Industry has long maintained that the design of a safe facility is primarily an engineering function and that each chemical facility will require a unique approach to that design based upon the products produced, the raw materials used and the manufacturing processes employed. Because of this it is claimed that there is no way that a regulatory agency could require any specific design or process that would meet the safety requirements of every covered facility.

The bill reinforces this idea by adding a new sub-paragraph to §7412(r). It prohibits the EPA from requiring any owner/operator “to consider or implement particular designs, approaches, or technologies relating to manufacturing, processing, handling, or storage” {§7412(r)(12)}.

Moving Forward

While Sen. Vitter has considerably more clout in the 114th Congress than he did in the 113th there is still enough opposition to this bill on the part of environmentalists and labor that the bill would almost certainly be able to make it to the floor of the Senate for consideration.
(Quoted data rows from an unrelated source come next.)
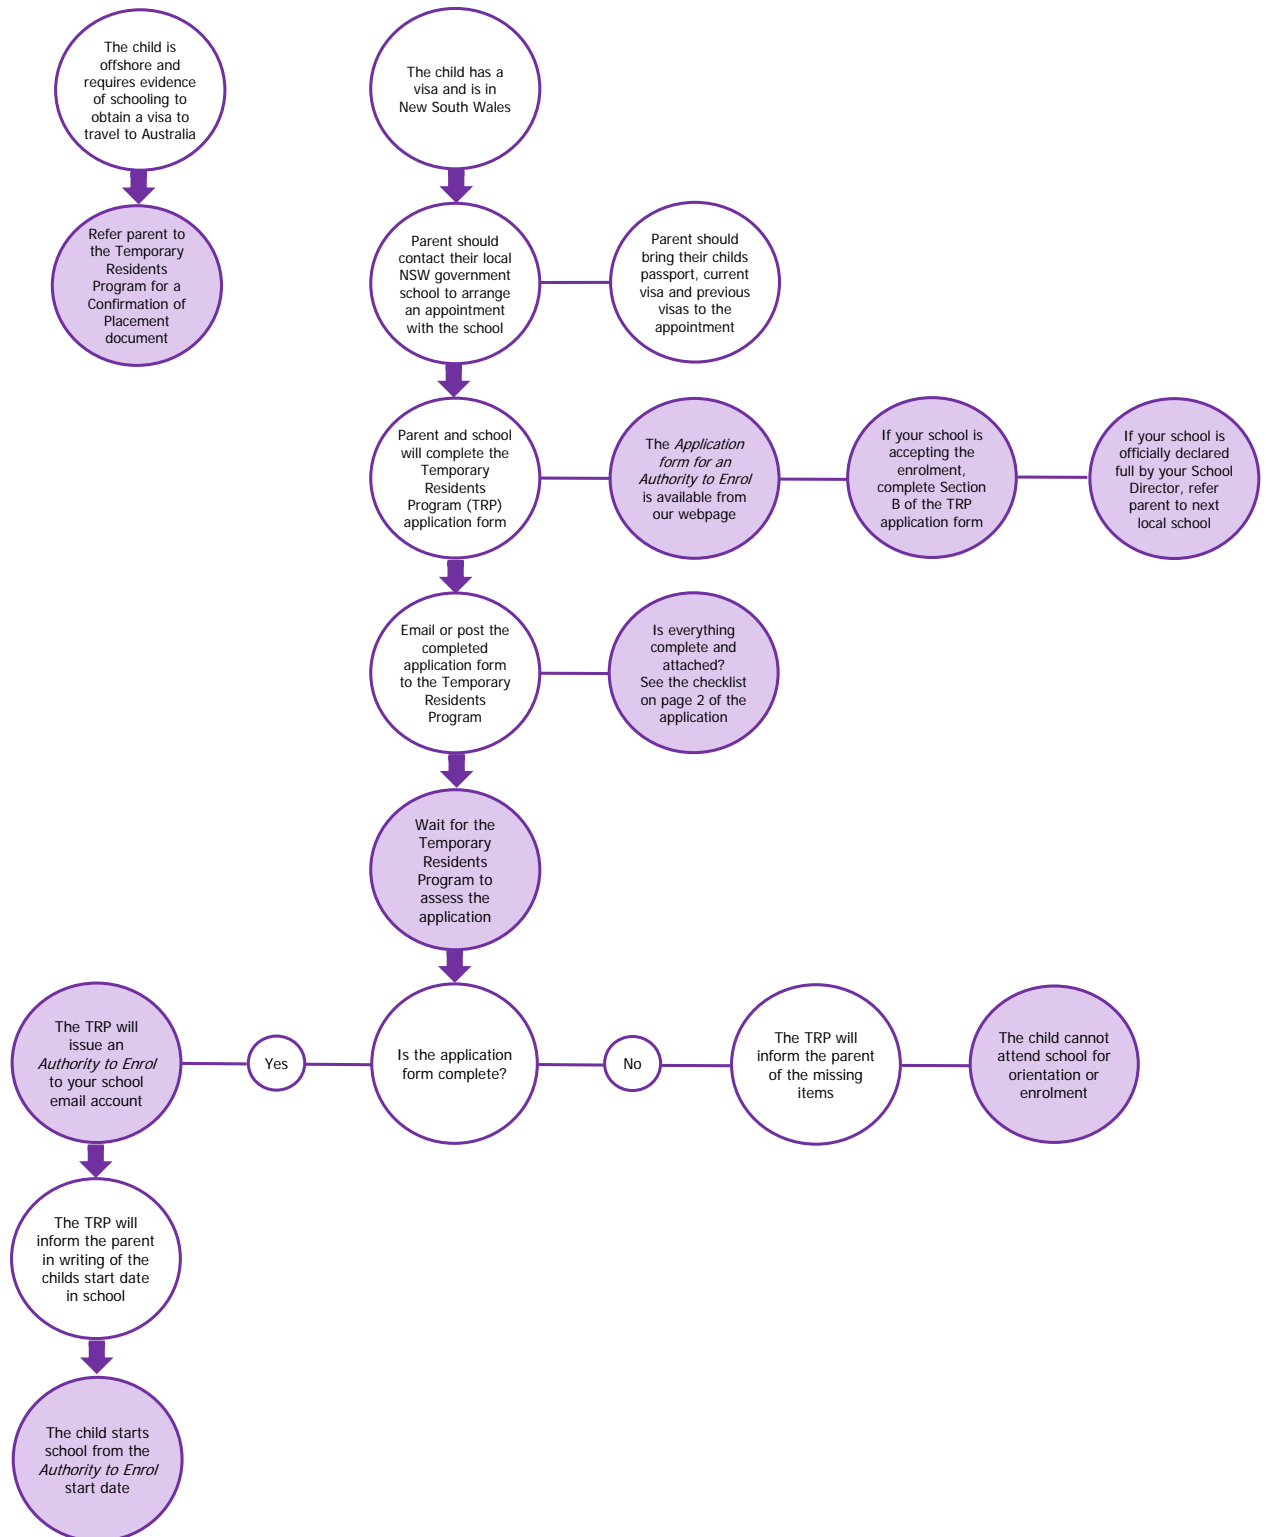

Guide for parents

How to enrol a temporary resident into a New South Wales government school through the Temporary Residents Program (TRP)

For information on the Temporary Residents Program, please contact:

T 1300 300 229 (then option 1)
T +61 2 9244 5555 (outside Australia)
E tempvisa@det.nsw.edu.au
W www.deinternational.nsw.edu.au/trp

Guide for school staff

How to enrol a temporary resident into a New South Wales government school through the Temporary Residents Program (TRP)

Vitter is a Sub-Committee Chairman, but the Transportation and Infrastructure Subcommittee will not be the subcommittee of the Senate Environment and Public Works Committee that will initially consider this bill. It will be interesting to see if he has enough power to see the Committee consider this bill knowing full well that it has no chance in its present form of being considered by the Senate.


The prospects for this bill would dramatically change, however, if the EPA were to begin to craft IST regulations.